Proteins are the basic building blocks of our muscles, skin, hair, and even hormones. An adult should consume about 0.8 grams of protein per kilogram of body weight per day, according to the U.S. Department of Health (NIH, 2021). But it's important where these proteins come from. Diet is like a garden: you can plant flowers or weeds – and the result is completely different.
Pork – local, but often full of undesirable substances
In our countryside, pork has always been honored, especially during bigger holidays. However, things aren't as they used to be nowadays. Industrial pig farming often takes place under inhumane conditions. A study by the European Food Safety Authority (EFSA, 2020) showed that up to 70% of pigs in intensive farming receive antibiotics, often preventively. These antibiotics can remain in the meat and, in the long run, harm our health.
Additionally, research has shown that industrially processed pork can contain more viruses and bacteria that are drug-resistant (Source: WHO, 2019). But if you buy pork from a farmer who raises animals on pasture and feeds them clean, natural food, you'll get quality meat, rich in B vitamins and iron.
Even though a kilo of organic pork can cost up to 30% more than regular, it pays off in the long run – both in taste and in health.
Peanuts – a tiny snack with a dark side
Peanuts, which came to our region from the American continent, are indeed tempting. They're full of protein – there are as many as 25 grams in 100 grams, nearly half the recommended daily amount. Yet there's a trap with peanuts: molds.
The main problem is aflatoxin – a toxic substance produced by molds (Aspergillus fungi), especially in warm and humid environments. Aflatoxin is one of the strongest natural carcinogens known. The World Health Organization (WHO) classifies it in the top group of carcinogenic substances.
Besides potentially causing liver cancer, it also affects the immune system and digestion. In 2014, scandals broke out in Slovenia due to the presence of aflatoxin in milk, showing how widespread this problem can be.
That's why it's wise to replace peanuts with almonds or walnuts, which are also rich sources of protein and healthy fats but are much less prone to mold.
Processed soy – not everything that glitters is gold in the vegan world
Soy is often the first choice among vegans and vegetarians. But there’s an important difference here: are we consuming fermented or processed soy?
Processed soy, used in products like tofu, soy milk, and various meat substitutes, is produced with industrial processes that use a lot of chemicals. Additionally, soy contains phytic acid – a substance that prevents the body from properly absorbing minerals such as iron, zinc, and calcium. Phytic acid (also known as an antinutrient) works by binding minerals and flushing them out of the body.
The American Institute for Nutrition and Health (INH, 2020) warns that long-term consumption of large amounts of processed soy can lead to deficiency of key minerals, causing fatigue, weakened immunity, and bone problems.

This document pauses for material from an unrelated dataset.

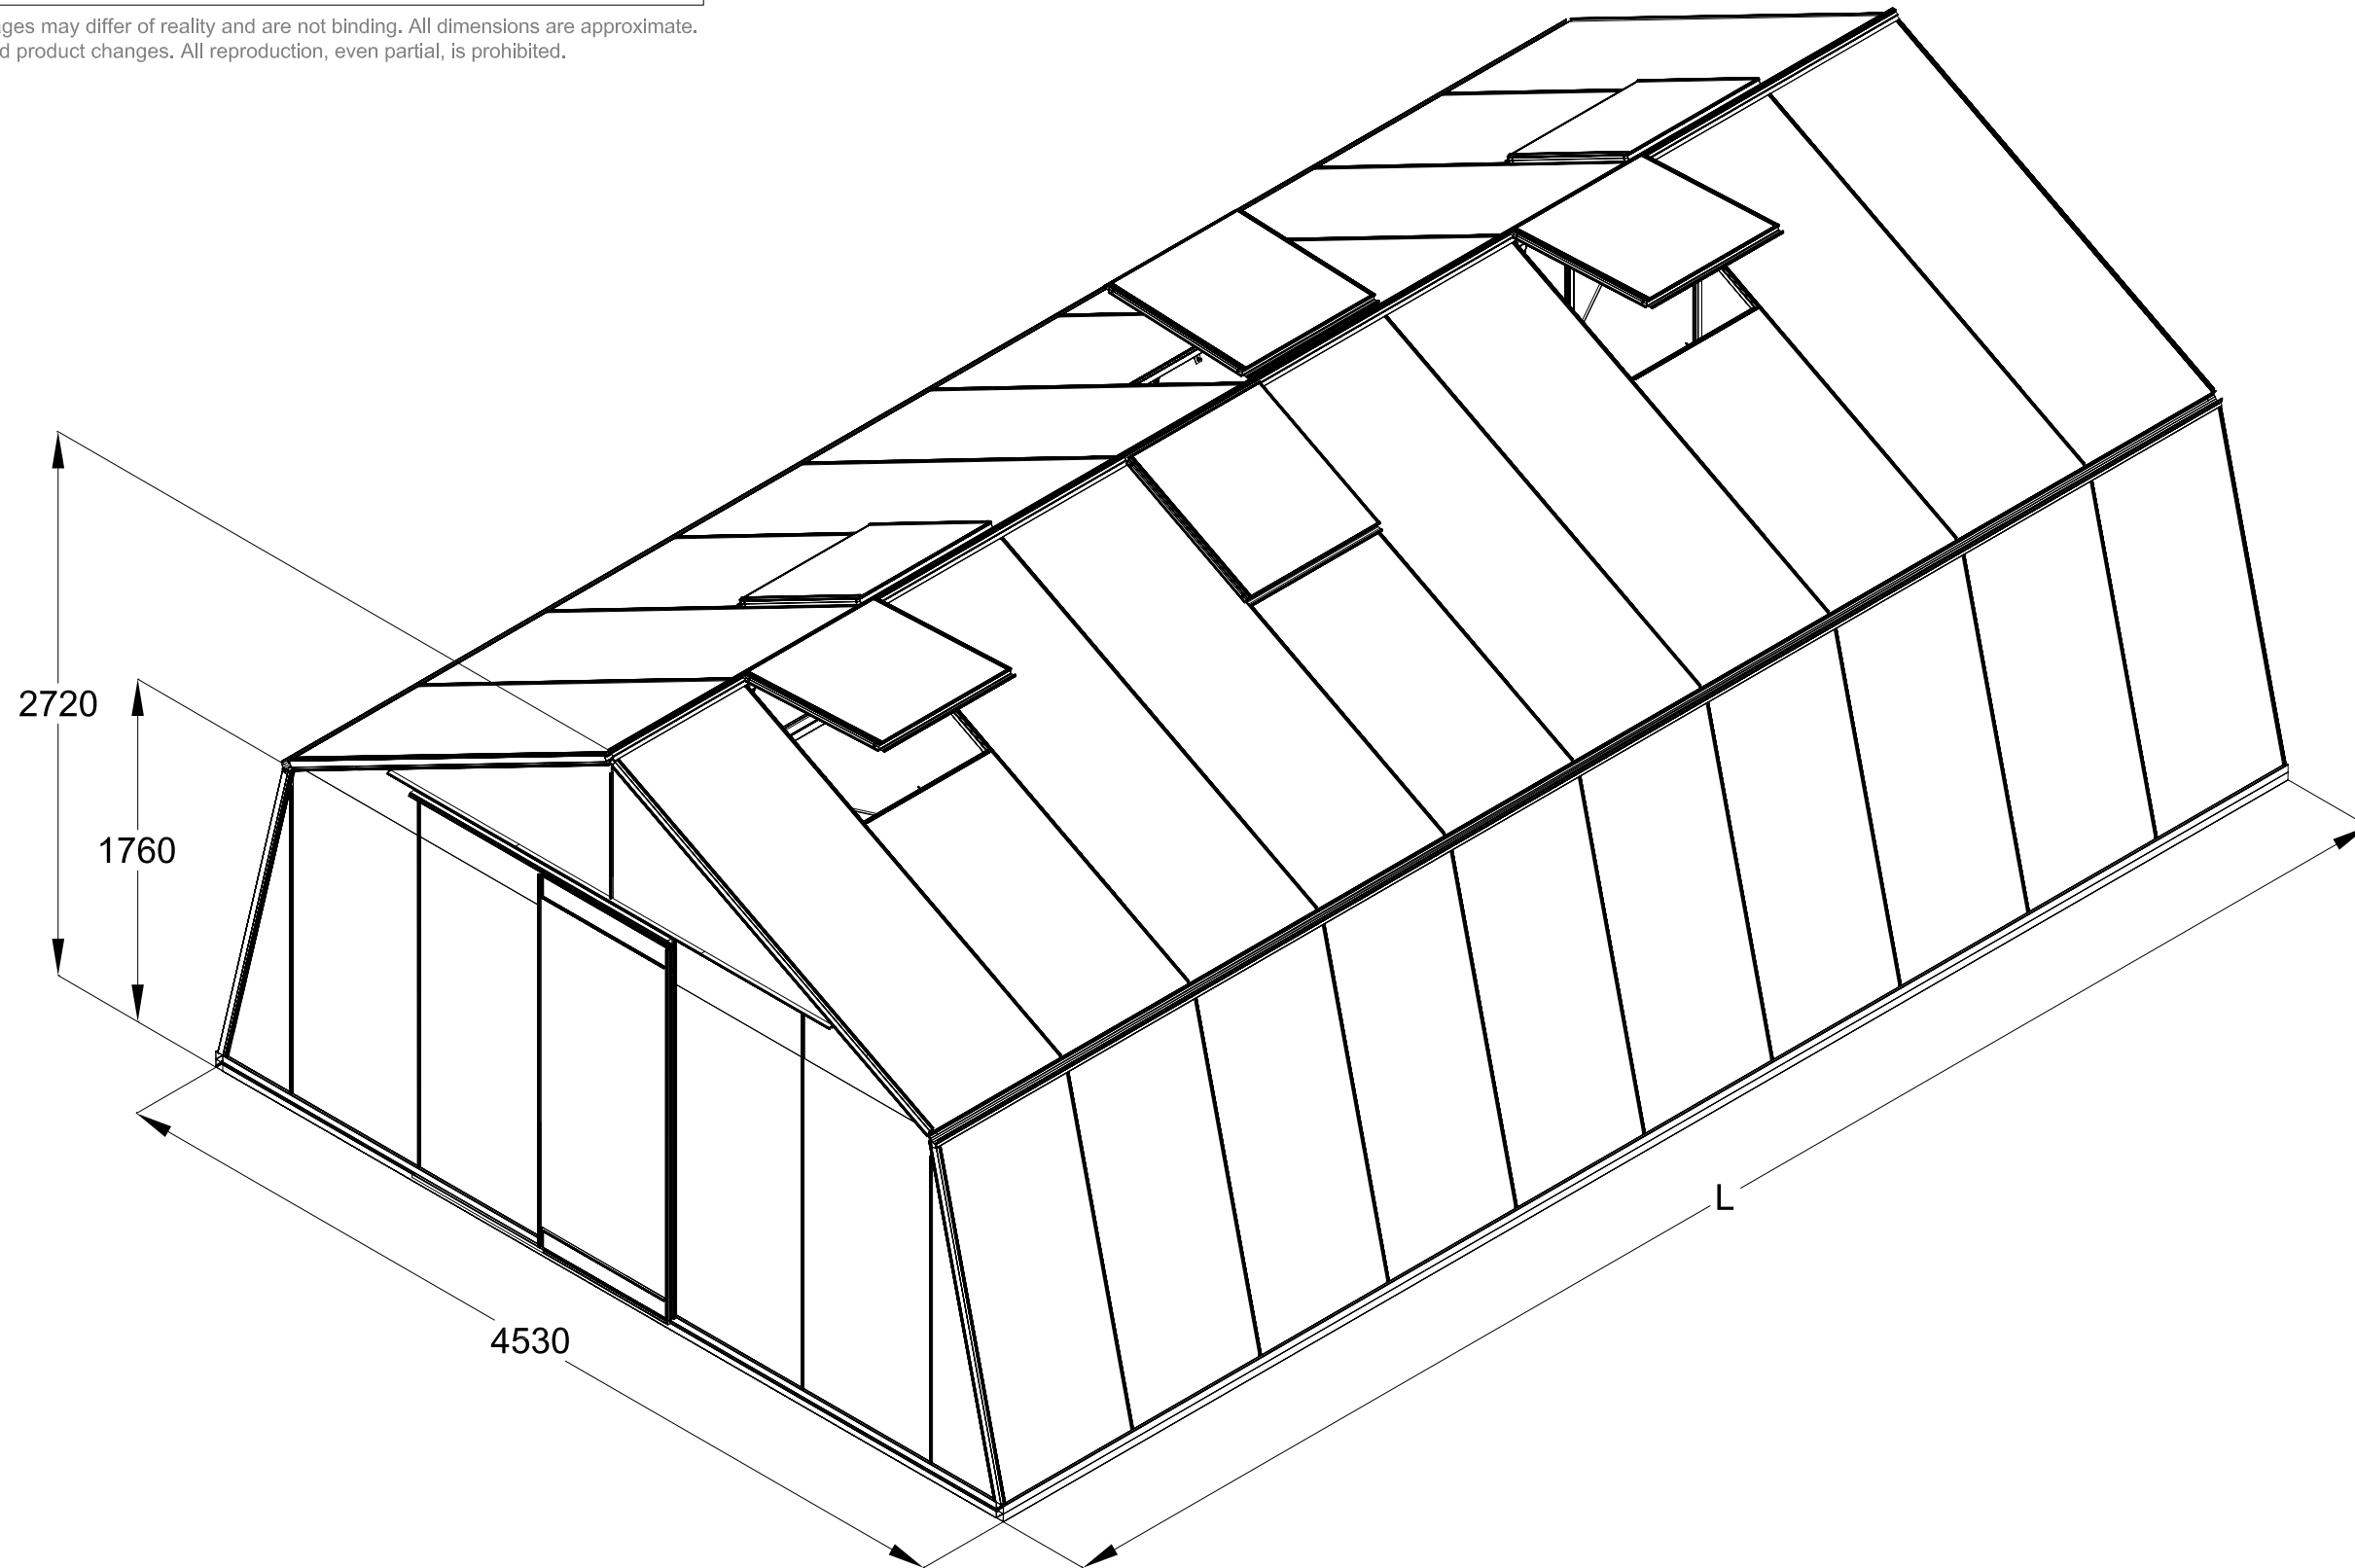

The photos and images may differ of reality and are not binding. All dimensions are approximate. Subject to errors and product changes. All reproduction, even partial, is prohibited.

Type	S303H	S304H	S305H	S306H	S307H	S308H	S309H	S310H
L*	2240	2980	3710	4450	5190	5930	6670	7410
# Vents Lucarnes/Dakramen	1	2	2	3	4	5	6	7

On the other hand, fermented soy products such as tempeh and miso contain more digestible nutrients and even beneficial bacteria for the gut. Fermentation is a natural process where good bacteria process the food and enrich it – much like fermenting cabbage in our grandmothers’ pantries.

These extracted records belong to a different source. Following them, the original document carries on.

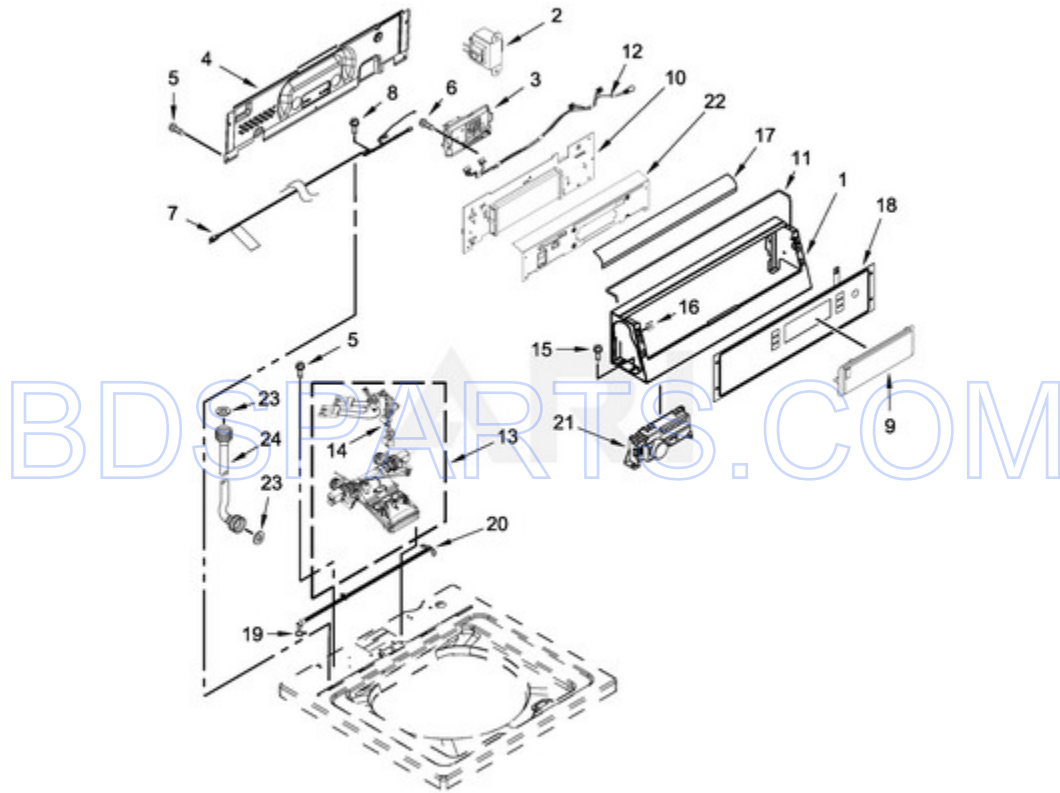

MVW18PDAWW0 - 03 - CONTROLS AND WATER INLET PARTS

CONTROLS AND WATER INLET PARTS

Ref #	Part #	Description	Qty	Context	Note	MSRP
9	W10267645	COVER, DISPLAY				
6	90767	SCREW				
8	3400076	SCREW				
15	3390631	SCREW				
23	W10242307	WASHER, INLET HOSE				
2	W10131839	TRANSFORMER				
1	W10461094	CONSOLE				
16	W10131123	NUT, "U"				
11	W10157932	SEAL, FOAM				
17	W10133515	DEFLECTOR SWITCH ASSEMBLY				
24	W10458855	HOSE, WATER INLET (HOT)				
24A	W10458856	HOSE, WATER INLET (COLD)				
5	1157158	SCREW				
4	W10461159	PANEL, CONSOLE REAR COVER				
13	W10486031	INLET ASSEMBLY, WATER				
14	W10472990	HARNESS, VALVE				
21	W10482833	MODULE, ELECTRONIC RELEASE				
20	W10461189	ASSEMBLY, HOSE				
19	W10117298	CLAMP, HOSE				
7	W10472992	CORD, POWER				
10	W10647075	USER INTERFACE				
12	W10480949	HARNESS, UPPER				
18	W10461104	FASCIA				
22	W10461068	BACK BRACKET, CONTROL PANEL				
3	W10491728	CONTROL UNIT ASSEMBLY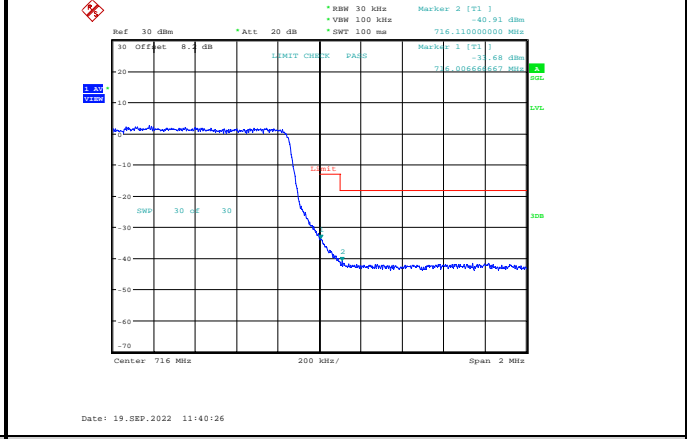

Band12-3MHz-64QAM-23165-1RB#14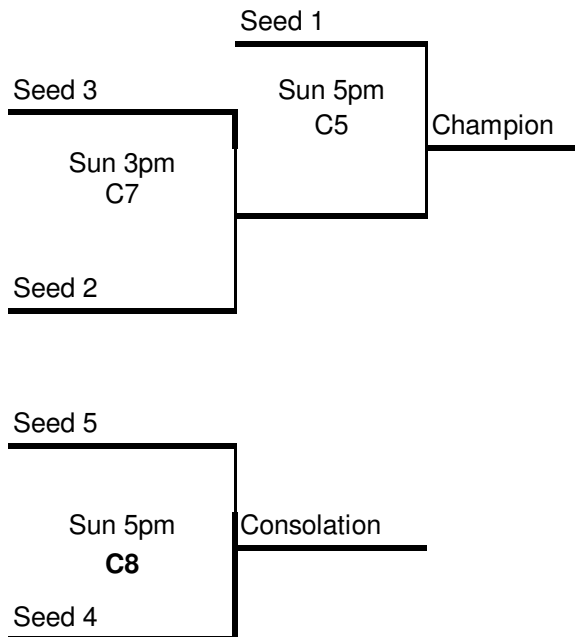

3/4th Boys

MAYB AR State May 14-16, 2010

5/11/2010

Team #	Team Name	Teams Played		
1	AR Lakers			
2	AR Jammers			
3	Tar Heels			
4	Fort Smith Mustangs			
5	AR Wings Elite			

Game #	Saturday	Home	Visitor	Court
3	10am	2	4	8
4	10am	3	5	3
1	12:15pm	2	3	8
2	2:15pm	4	5	8
5	4:20pm	1	4	8
6	6:20pm	2	5	SWJH
7	6:20pm	1	3	1
8	8:20pm	1	5	1

Game #	Sunday	Home	Visitor	Court
9	1pm	1	2	7
10	1pm	3	4	8

Southwest JH is Behind ASSA

4/5th Girls

MAYB AR State May 14-16, 2010

5/12/2010

REVISED

Team #	Team Name	Teams Played	Team#	Team Name	Teams Played
1	Ball Hogs		4	Banshees	
2	OK Heat		5	FS Sleepers	
3	War Eagles Elite				
Game #	Friday	Home	Visitor	Court	
1	6pm	1	3	7	
2	7pm	1	2	7	
3	8pm	5	4	7	
Game #	SATURDAY	Home	Visitor	Court	
4	10am	2	3	SWJH	
5	11am	4	1	8	
6	1:15pm	3	5	8	
7	3:15pm	3	4	SWJH	
8	5:20pm	2	4	SWJH	
9	6:20pm	1	5	8	
Game #	Sunday	Home	Visitor	Court	
10	12pm	2	5	7	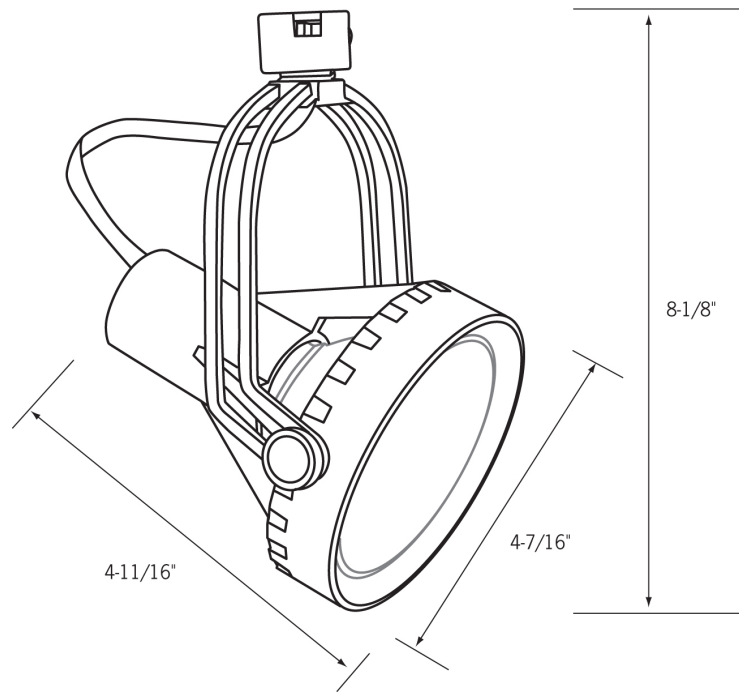

Date: _____ Type: _____
 Client: _____
 Project: _____

CTL8030 Track Light

PAR30 Saturna™

Line Voltage Track Fixture

- Elegant patented design with the superior performance of halogen lamps. (Patent # D 345,616)
- Die-cast aluminum housing with open back design for cooler operation.
- Dual-rail yoke design provides a “hi-tech”, less bulky look.
- Sure-Set yoke for precise aiming without tools and full 350° rotation.
- See separate specification sheet for low voltage versions of this uniquely designed track fixture (CTL8016 & CTL8016/TAL).
- Uses line voltage (120V) lamps for versatility and convenience.
- 75W max. PAR30, E26 medium base.
- All fixtures are equipped with a convenient on/off switch and polarity indicator.
- Available in black, white, silver or unfinished aluminum
- cULus listed.
- Suitable for dry locations.

Related Products

Track

CLLA6 - End feed w/ cord & plug

Replacement lamps

CLLA2 - Mini-connector

CLLA3 - Flexi-connector

CLLA12 - Straight/L connector

Power strips

Meat products – the invisible enemy to health
You’ve probably already heard the news that the World Health Organization has listed processed meat among carcinogenic substances. Processed meat means sausages, hot dogs, salami, bacon – anything that's been salted, smoked, cured, or otherwise processed.
Research published in The Lancet (2015) found that daily consumption of 50 grams of processed meat (about one sausage) increases the risk of colon cancer by 18%. This means that every bite counts.
Processed meat contains nitrates and nitrites – preservatives that can form harmful compounds called nitrosamines in the body. Nitrosamines are associated not only with cancer but also with an increased risk of heart disease.
However, it’s not all bad. If you choose meat products from homemade production, where the meat is air-dried, salted with moderate amounts of salt and no additives, and if you consume these only occasionally, you greatly reduce the risk.
Why is it important to choose wisely?
Our grandmothers used to know very well that not every snack is good for the body, even if it makes the soul happy for a moment. So, the goal is not to completely cut out pork, peanuts, tofu, or sausages from your life. The key is to know the background. To know when, how much, and which one to choose.
Don't forget – your body is like a temple, you shouldn't build it with bad bricks. So, when selecting proteins, don't just look at the quantity, but the quality as well.
If you really want to give your body the best, choose natural sources of protein, like farm eggs (a medium egg contains about 6 grams of protein), lentils (raw lentils have as much as 26 grams of protein per 100 grams), or nuts and seeds.
As our elders taught us: What you put in the pot, you will eat. What you put in the body, that will strengthen you ... or weaken you.